━━━━━ DATA TO EXAMINE

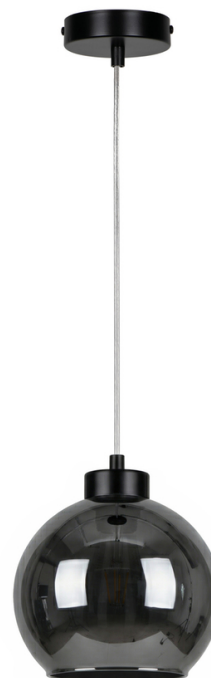

CAMEO

Pendant Lamp

Article number:	1010428121265
EAN:	5905840268625
Light source:	1xE27 Max.60W
LED power W:	N/A
AC voltage:	220-240V
Luminous power lm:	N/A
Color temperature K:	N/A
Color rendering index CRI:	N/A
IP protection class:	IP20
Protection class:	2
Up&Down system:	N/A
Touch dimmer:	N/A
Click&Dimm system:	N/A
Magnetic mounting:	N/A
LED lighting method:	N/A
Lamp material:	Metal
Lamp color:	Black
Lampshade No.:	G1265
Lampshade material:	Glass
Lampshade color:	Smoked glass
Cable material:	Synthetic
Cable color:	Transparent
CE Declaration:	Download
FSC certificate:	FSC-C129231

Lamp dimensions

Height (mm):	1200
Width (mm):	N/A
Length (mm):	N/A
Diameter (mm):	
Net weight kg:	0,85
Gross weight kg:	1,70

Dimensions of carton No.1

Height (mm):	290
Width (mm):	230
Length (mm):	230

Dimensions of carton No.2

Height (mm):	N/A
Width (mm):	N/A
Length (mm):	N/A

Dimensions of carton No.3

Height (mm):	N/A
Width (mm):	N/A
Length (mm):	N/A

Made in Poland · 5 Years Guarantee

━━━━━━━━━━

## EXERCISE DETAILS
Check each line of the data above for the string "Height" and report only how many lines have it.

## SOLVED PROBLEM
4